In harsh weather, where wind adds to the effect, some pilots will go for a “positive” landing. Where they will fly onto the runway with minimal flare to combat ground effect. The results are a firmer, but more decisive touchdown. You will feel a positive landing.
But don’t worry. These pilot folks are a talented bunch, who do nothing but train for these scenarios and other, far more challenging, conditions. There are sadistic flight instructors who spend their days pulling a variety of rugs from under pilots’ feet. You would report it to the Hague if it were you.
Ground effect is one of those things they do without even thinking, but they feel it and react to it.
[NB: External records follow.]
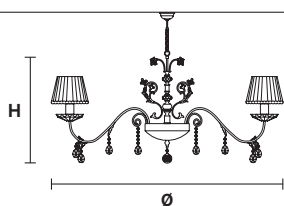

PRIMADONNA Floor lamp / Table lamp

MASIERO

Design by: m_p studio

PRIMADONNA STL1 €

PRIMADONNA TL1G €

PRIMADONNA TL1P €

La struttura metallica accompagna decori in fusione d'ottone. Paralumi in Pongè, pendagli in cristallo.

The metal frame, comes together with brass fusion decorations. Pongè Lamphades, crystal pendants.

Die Metallstruktur gesellt sich zu Verzierungen aus Messingguss. Lampenschirme aus Pongè, Gehänge aus Kristallglas.

La structure métallique accompagne des éléments en fusion de laiton. Abat-jour en Pongè, breloques en cristal.

Металлический каркас с декором из литой латуни. Абажуры из эпонжа, подвесы из хрусталя.

H 65 cm / 25.60"
Ø 120 cm / 47.30"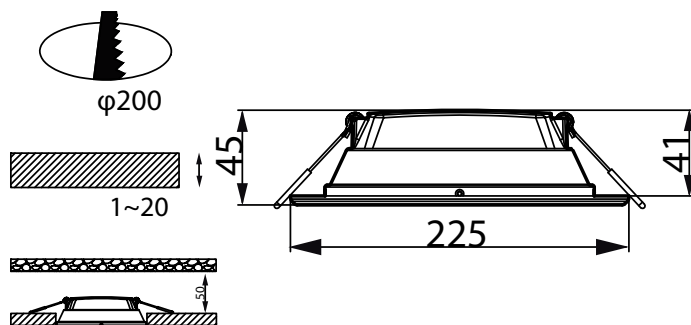

Соответствие требованиям и область применения

Код защиты от проникновения (IP)	IP20/40 [Защита пальцев, светоизлучающая поверхность]
Код степени защиты от механических воздействий	IK03 [0,3 Дж]

Класс защиты IEC	Класс безопасности II

Первоначальная производительность (соответствие МЭК)

Допустимая погрешность светового потока	+/-10%
Начальная цветность	(IEC4000K, 0.38, 0.38) < 5SDCM
Допустимое значение потребляемой мощности	+/-10%

Производительность со временем (соответствие МЭК)

Коэффициент отказа драйвера при 5000 ч	0,012 %
Медианный полезный срок службы L70B50	30 000 часов

Условия эксплуатации

Подходит для случайного переключения	Нет

Данные об изделии

Название продукта для заказа	DN027B G3 LED20/NW 19W 220-240V D200 RU
Полное название продукта	DN027B G3 LED20/NW 19W 220-240V D200 RU
Полный код продукта	871951435149300
Код заказа	929002674602
Материал № (12NC)	929002674602
Нумератор — количество на упаковку	1
EAN/UPC — продукт/короб	8719514351493
Нумератор — упаковок на внешний короб	24
EAN/UPC — короб	8719514351509

Чертеж размеров

In our fly-by-wire article we discussed how aircraft systems can assist and compensate for such transitions. In the approach and landing the FCC (flight control computer) and ECU (engine control unit) are making the necessary adjustments. All based on pilot inputs and the environmental conditions.
But what about an aborted landing? Sometimes, at points prior to and after the decision height, a pilot must execute a go-around just before wheels touch down. The transition from landing to flying is tricky.
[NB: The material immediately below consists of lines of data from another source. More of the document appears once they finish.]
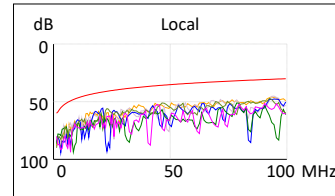

Insertion Loss:Pass

	<u>Worst Margin:</u>	<u>Worst Value:</u>
Local:	Local:	
Pair:	12	12
Value (dB):	1,9	13,1
Limit (dB):	3,1	23,9
Margin (dB):	1,2	10,8
Frequency (MHz):	1,90	99,50

Return Loss:Pass

	<u>Worst Margin:</u>		<u>Worst Value:</u>	
	Local:	Remote:	Local:	Remote:
Pair:	45	36	45	45
Value (dB):	22,3	29,4	22,3	24,7
Limit (dB):	10,0	16,5	10,0	11,1
Margin (dB):	12,3	12,9	12,3	13,6
Frequency (MHz):	100,00	22,30	100,00	77,75

NEXT:Pass

	<u>Worst Margin:</u>		<u>Worst Value:</u>	
	Local:	Remote:	Local:	Remote:
Pair:	12-78	12-78	12-45	12-36
Value (dB):	55,1	54,5	45,1	46,2
Limit (dB):	41,7	41,6	30,5	31,0
Margin (dB):	13,4	12,9	14,6	15,2
Frequency (MHz):	20,80	21,10	94,00	88,50

Ground effect makes the reversion back to flying tricky. If you’ve been on a missed approach, especially on a wide body aircraft, you soon won’t forget the groans and whines as the aircraft tries to fly, when it just wants to land.
Back in 2004 a cargo aircraft was trying to land on a runway laden with snow. Which shortened the landing distance. After touchdown, the pilots realized the deceleration wasn’t going to stop them.
So, they flipped every switch they had to try to stop the rollout. Engines on full reverse, full auto emergency braking. The lot. They still weren’t going to make it, so the captain opted for a go around.
The aircraft was quickly reconfigured for take-off. But it wasn’t enough, or at least shouldn’t have been. The aircraft became airborne thanks to the Ground Effect, but it was a false dawn. The slow take-off couldn’t sustain flight and just after ground separation the aircraft stalled and crashed into a forest a mile from the Runway.
In 2011 a G650 private jet was doing a test flight with one of the engines switched off (on purpose). This is normal for tests or experimental procedures. But what this pilot failed to do was to appreciate the difference between the ground effect on the “normal” configuration of the wings.
Both under the power of both aircraft and with one shut down. The ground effect difference was enough for him to stall the wing and crash the aircraft.
Micro downbursts are a weather phenomenon that happens in thunderstorms. A cloud can “burst”, and the full effects of the rain and wind explode downwards like a reverse atomic bomb. The rules of aerodynamics are transformed as the air flow is disrupted by these bursts.
Pilots initially feel like the aircraft wants to drop, so they compensate. But then the compensation can be too much as the downburst passes and the aircraft now wants to stall.
It’s an extremely rare occurrence but can be a frightening experience on takeoffs or landings. Ground effect is similar but in the opposite direction.
It is the air being compressed into the ground by the aircraft which has nowhere to go except back up into the wings. Like a cushion of vortices, it is both comfortable and dangerous if not handled correctly. Or if you give it too little respect.
When helicopters come in to land, the ground effect is more obvious. Especially if the ground is dusty or snowy or over water. The debris reflects what the air is doing as it mushrooms in all directions.
And not just back up into the helicopter. eVTOLS will have the same problem when we have full urban mobility. Whatever the power source or combination of powerplants, the same amount of air must be displaced for the eVTOL to perform its task of taking off and landing.
Physics is the same for these new systems but how this ground effect will challenge these pilots (or automated systems) is not for us to answer. But an answer will need to be provided.